David Hirsh on David Clark and Marx
There is an interesting post on Engage trying to unpack some of the problematic aspects of what’s getting thrown around between racism and anti-Semitism of late.
What seems interesting is that while the article is trying complexify and nuance argumentation, I’m not sure that the form of the argument really bares out:
The truth is that there have always been pro-totalitarian and antisemitic currents on the left but that these currents were always militantly opposed by others on the left who were anti-racist and who took liberty seriously. Karl Marx thundered against the ultra-left antisemitic rubbish of Bruno Bauer, when Bauer argued against Jewish emancipation in 19th Century Germany. August Bebel denounced left antisemities who thought that a clever way to oppose capitalism was to oppose “Jewish capitalism” first. Bebel called this the “Socialism of Fools”. Jewish Trade Unionists bravely resisted the TUC’s campaign for immigration controls to exclude Jews from Britain in 1905. The Russian Stalinists relied on antisemitism as a staple organising principle of their totalitarian state.

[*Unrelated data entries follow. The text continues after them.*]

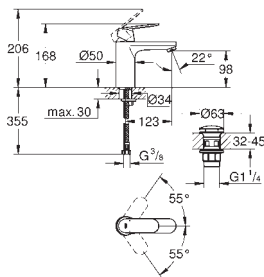

23 926 000

chrome

Eurocosmo

Single-lever basin mixer 1/2"

M-Size

GROHE SilkMove 35 mm ceramic cartridge

adjustable flow rate limiter

GROHE StarLight chrome finish

GROHE EcoJoy mousseur 5.7 l/min

GROHE FastFixation rapid installation system

smooth body with push-open pop-up waste set 1 1/4"

flexible connection hoses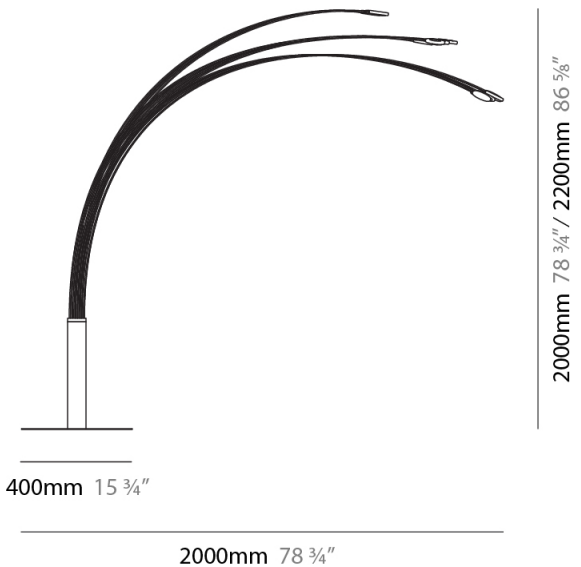

PROJECT
TYPE
SPECIFIER
QUANTITY
DATE

ARBOR PORTABLE

D44009-

base number   Finish
Options

1. To build a product code in our configurator select the specify button on the base model # product page
2. To build a manual product code on this datasheet choose from the options listed below in blue font and add the suffix to the base model #

GENERAL

Series: Arbor
Partner: Icone
Division: Design
Installation: Portable
Product Type: Floor
Mounting Location: Floor
Light Distribution: Adjustable

PHYSICAL

Shape: Abstract
Diameter (mm): 400
Diameter (in): 15 3/4
Height (mm): 2000
Height (in): 78 3/4
Max. Overall Height (mm): 2200
Max. Overall Height (in): 86 5/8
Weight (lbs): 17
Fixture Finish: WHI / GSR
Fixture Material: Metal
Upon Request: Bolt Down

ELECTRICAL

Lamp Type: LED
Total Output Wattage (W): 60
Max. Wattage Per Lamp (W): 4.5
Dimming: In-Line Dimming
Driver Included: Yes
Driver Location: Integrated
Driver Type: Constant Current - 120Vac
Driver Class: Class 2
Input Voltage (V): 120
Output Voltage (V): 24

LED

Number of LEDs: 12
Color Temperature (°K): 3000
Nominal Lumen (lm): 6420
CRI: >90 CRI
Lamp Life (hrs): 50000

OPTICAL

RATINGS AND CERTIFICATIONS

Certified By: Certified for North American Standards
IP rating: IP20

The problem here being that Marx, in the second part of On the Jewish Question, makes a plurality of really bad arguments about Jew’s and parasitism, the source of most linkages between Marx and anti-Semitism. And to claim that this was the thunderous response to Bauer pretty much ignores the second part of the essay. While it’s agreeable that some parts of the left have opposed anti-Semism, it’s unfortunate to use this example.